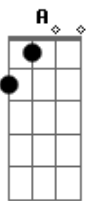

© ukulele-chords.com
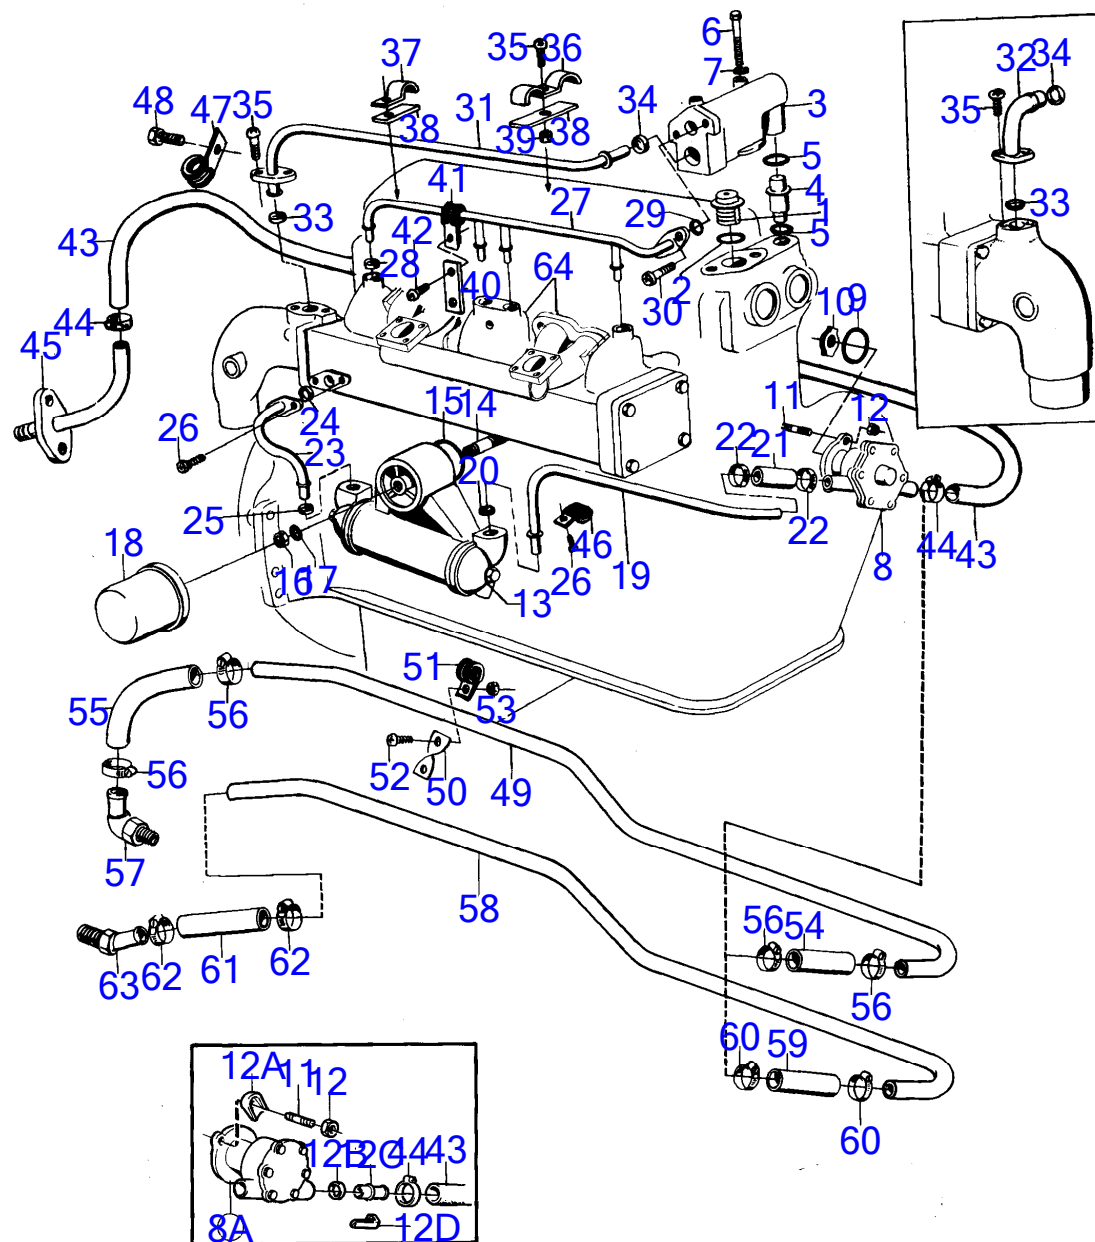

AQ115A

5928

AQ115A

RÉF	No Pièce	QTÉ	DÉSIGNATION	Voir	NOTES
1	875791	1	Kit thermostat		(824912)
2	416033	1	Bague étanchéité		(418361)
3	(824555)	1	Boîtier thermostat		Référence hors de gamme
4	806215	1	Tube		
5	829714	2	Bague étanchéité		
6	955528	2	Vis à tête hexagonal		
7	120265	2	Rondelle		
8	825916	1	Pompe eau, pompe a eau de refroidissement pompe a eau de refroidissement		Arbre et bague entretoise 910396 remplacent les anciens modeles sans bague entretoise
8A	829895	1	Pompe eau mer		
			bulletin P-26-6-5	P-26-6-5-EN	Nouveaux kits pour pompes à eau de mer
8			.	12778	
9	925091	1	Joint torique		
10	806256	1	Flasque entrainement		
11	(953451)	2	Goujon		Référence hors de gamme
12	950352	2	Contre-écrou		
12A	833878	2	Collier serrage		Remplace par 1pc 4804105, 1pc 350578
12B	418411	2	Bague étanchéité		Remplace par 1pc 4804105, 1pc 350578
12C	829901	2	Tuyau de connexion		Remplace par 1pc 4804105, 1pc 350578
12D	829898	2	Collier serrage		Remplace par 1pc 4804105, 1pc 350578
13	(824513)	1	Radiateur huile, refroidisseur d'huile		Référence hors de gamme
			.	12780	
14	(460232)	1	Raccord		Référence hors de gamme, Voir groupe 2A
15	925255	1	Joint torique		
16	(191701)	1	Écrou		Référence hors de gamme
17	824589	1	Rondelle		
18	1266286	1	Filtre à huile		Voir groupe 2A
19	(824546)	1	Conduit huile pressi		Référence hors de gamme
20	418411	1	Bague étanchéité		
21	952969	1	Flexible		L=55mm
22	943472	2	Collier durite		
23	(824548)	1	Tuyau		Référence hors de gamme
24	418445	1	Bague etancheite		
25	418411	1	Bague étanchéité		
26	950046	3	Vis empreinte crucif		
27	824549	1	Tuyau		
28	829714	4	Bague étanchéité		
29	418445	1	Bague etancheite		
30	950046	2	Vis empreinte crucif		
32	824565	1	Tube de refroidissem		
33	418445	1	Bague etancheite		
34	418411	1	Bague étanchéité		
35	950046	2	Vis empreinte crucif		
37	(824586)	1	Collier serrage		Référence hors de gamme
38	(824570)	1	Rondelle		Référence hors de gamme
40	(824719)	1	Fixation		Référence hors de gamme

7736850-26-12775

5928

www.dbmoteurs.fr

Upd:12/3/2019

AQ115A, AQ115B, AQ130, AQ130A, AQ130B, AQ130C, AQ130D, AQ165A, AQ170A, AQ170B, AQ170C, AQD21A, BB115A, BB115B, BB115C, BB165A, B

| Action item |
Check each line of the listing above for the string "Joint", and report how many lines contain it, as a number alone.

| Written reply |
2